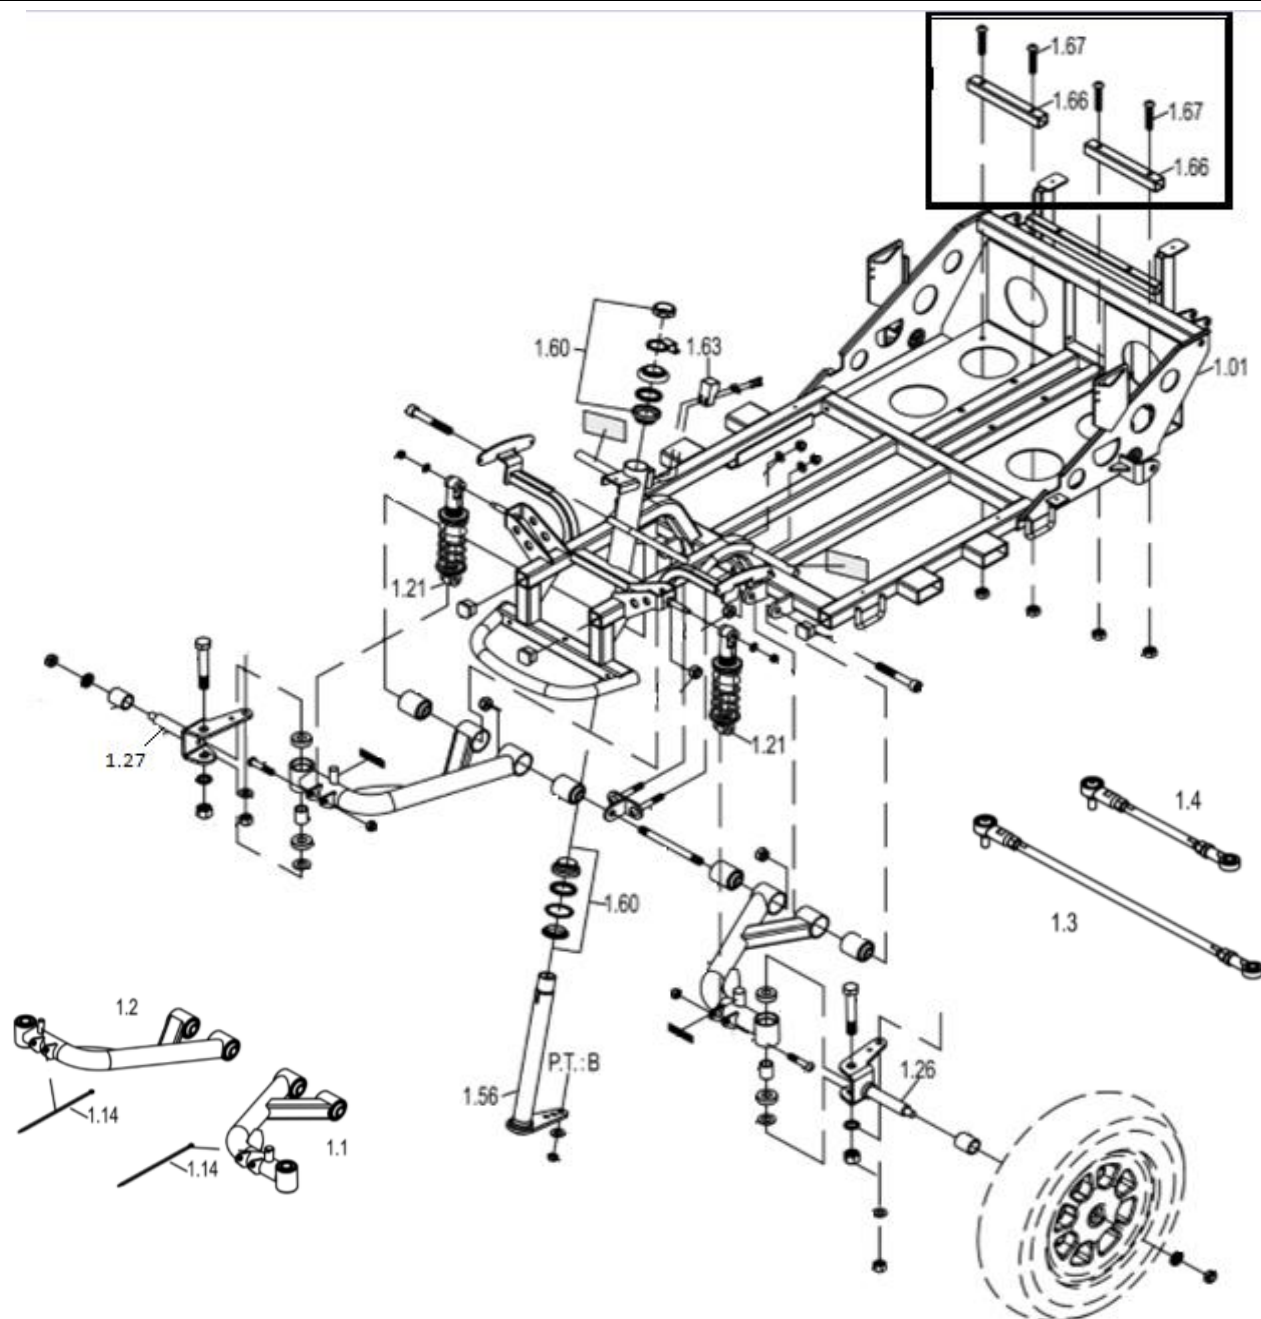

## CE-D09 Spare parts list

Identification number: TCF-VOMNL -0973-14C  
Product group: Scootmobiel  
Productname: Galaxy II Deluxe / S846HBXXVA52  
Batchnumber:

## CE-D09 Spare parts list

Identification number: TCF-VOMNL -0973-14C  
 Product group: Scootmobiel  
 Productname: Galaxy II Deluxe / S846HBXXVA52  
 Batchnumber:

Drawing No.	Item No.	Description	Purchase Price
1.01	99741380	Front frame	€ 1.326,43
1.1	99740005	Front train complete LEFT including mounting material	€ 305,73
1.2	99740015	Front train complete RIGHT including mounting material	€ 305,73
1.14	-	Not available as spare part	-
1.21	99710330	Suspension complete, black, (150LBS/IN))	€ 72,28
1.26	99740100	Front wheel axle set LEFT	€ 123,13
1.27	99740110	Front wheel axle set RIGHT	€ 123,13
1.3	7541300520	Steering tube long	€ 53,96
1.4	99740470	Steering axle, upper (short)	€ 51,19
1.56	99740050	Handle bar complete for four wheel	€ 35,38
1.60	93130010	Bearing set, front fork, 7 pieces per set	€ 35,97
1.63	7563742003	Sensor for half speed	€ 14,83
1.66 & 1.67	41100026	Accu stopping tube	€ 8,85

━━━━━━━━━━━━━━━━

• **HOW TO COMPLETE THIS TASK**: Set the entries down exactly, but not the pictures.

• **RESULT OF THE EXERCISE**:
## CE-D09 Spare parts list

Identification number: TCF-VOMNL -0973-14C  
Product group: Scootmobiel  
Productname: Galaxy II Deluxe / S846HBXXVA52  
Batchnumber:

## CE-D09 Spare parts list

Identification number: TCF-VOMNL -0973-14C  
 Product group: Scootmobiel  
 Productname: Galaxy II Deluxe / S846HBXXVA52  
 Batchnumber:

Drawing No.	Item No.	Description	Purchase Price
1.01	99741380	Front frame	€ 1.326,43
1.1	99740005	Front train complete LEFT including mounting material	€ 305,73
1.2	99740015	Front train complete RIGHT including mounting material	€ 305,73
1.14	-	Not available as spare part	-
1.21	99710330	Suspension complete, black, (150LBS/IN))	€ 72,28
1.26	99740100	Front wheel axle set LEFT	€ 123,13
1.27	99740110	Front wheel axle set RIGHT	€ 123,13
1.3	7541300520	Steering tube long	€ 53,96
1.4	99740470	Steering axle, upper (short)	€ 51,19
1.56	99740050	Handle bar complete for four wheel	€ 35,38
1.60	93130010	Bearing set, front fork, 7 pieces per set	€ 35,97
1.63	7563742003	Sensor for half speed	€ 14,83
1.66 & 1.67	41100026	Accu stopping tube	€ 8,85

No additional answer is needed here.